Терпение у Шмеля явно истощилось до последних капель.

— Эй, только не вздумай вплавь сигать! Потерпи еще чуток, скоро уже доберемся, — попытался образумить друга Томил. Но тот отмахнулся:

— Причалим с другой стороны города, топать оттуда полчаса, если не вызовут меня сразу к Рогволоду, у него до ночи застрянем, раньше утра не вырвемся. Нет уж, лучше я хоть вплавь, но напрямки! — решился Богдан.

И даже начал перелезать через борт, ногу перекинул, когда услышал свист со стороны:

— Хей, христиане! Помочь чем-то, ась?

— Кто тут христиане, а кто и нет! — с ярким акцентом огрызнулся с кормы подуставший владелец суденышка, басурманин, уроженец Бурого ханства.

— Вы в Новый Город, вестимо? — легко догадался доброжелатель в плоскодонке.

Томил распознал в коренастом мужичке с короткой чернявой бородой представителя болотного народа язычников. Что само по себе было уже странно — обычно «поганцы» на простор Матушки старались не выплывать, рыбачили в тихих водах Сватьинки и Куманька. Они справедливо опасались одним своим видом вызвать злость у жителей города. Лучникам на крепостных стенах не требовалось дополнительного указа начальства, чтобы обстрелять нехристей, когда рыбаки неосмотрительно близко подходили к правому берегу. Если лодок была не одна, с башен палили из пищалей картечью — попадали редко, зато грохотом не только уток распугивали, но весь город на уши поднимали.

А теперь «поганец» вольно катается на плоскодонке прямо по стрежню! Да не он один такой смелый. Томил огляделся по сторонам с удивлением: чуть подальше впереди, ближе к городу, Матушка была сплошь усеяна лодками и лодчонками язычников. Небывалое дело! Неужто Рогволод в отсутствии своего советника сумел взяться за ум и помирил два соседствующих народа между собой? Томил хотел бы поверить в эту догадку, да умом понимал, что в действительности слишком ничтожна вероятность такого чуда. И всё же лодчонки сновали от берега до берега, груженые по самые борта, деловитые, скорые.
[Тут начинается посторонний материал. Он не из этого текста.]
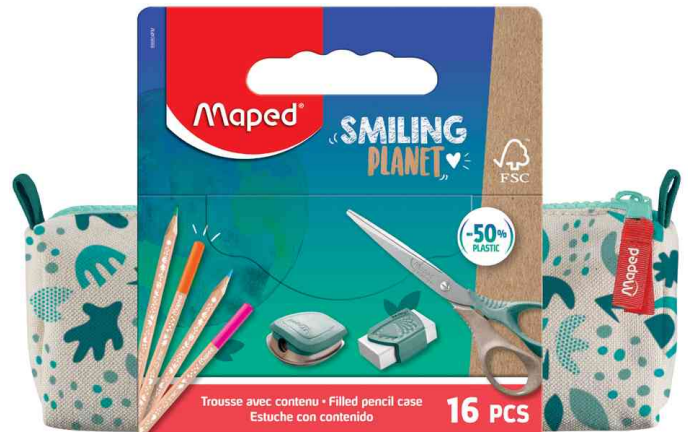

Schlamer-Etui SMILING PLANET, bestückt

Eine Produktreihe, die den Planeten zum Lächeln bringt!

- bei 30° waschbar
- aus 100% recyceltem Stoff
- besteht aus 80% aus Polyester & 20% Baumwolle
- originelle dreieckigen Form
- mit farbigem Reißverschluss
- mit grünem Muster, das an die Natur erinnert
- Maße: (B)220 x (T)75 x (H)60 mm

Inhalt: 1x Radierer SMILING PLANET, 1x Spitzdose SMILING PLANET, 12x Dreikant-Buntstifte SMILING PLANET, 1x Schere SMILING PLANET mit 160 mm

Für wen geeignet:

- Schüler

Schlamer-Etui SMILING PLANET, bestückt

Schlamer-Etui SMILING PLANET, bestückt

Inhalt

Produkt	Ausführung	Material	Farbe	VE	Hersteller- Nummer	Bestell- Nummer
Schlamer-Rolle SMILING PLANET, bestückt	dreieckig	Polyester / Baumwolle	creme / grün		899804FM	82899804

— Ты на берег лучше не сходи, — между тем болотный житель предупредил басурманина. — Лесной бог город проклял! Коли пристанешь, то назад не отчалишь. Так и застрянешь там навсегда, пока тебя гнус заживо не сожрёт. Так-то!

— Брешешь? — справедливо усомнился хозяин судёнышка. Однако сделал знак своей команде приспустить парус.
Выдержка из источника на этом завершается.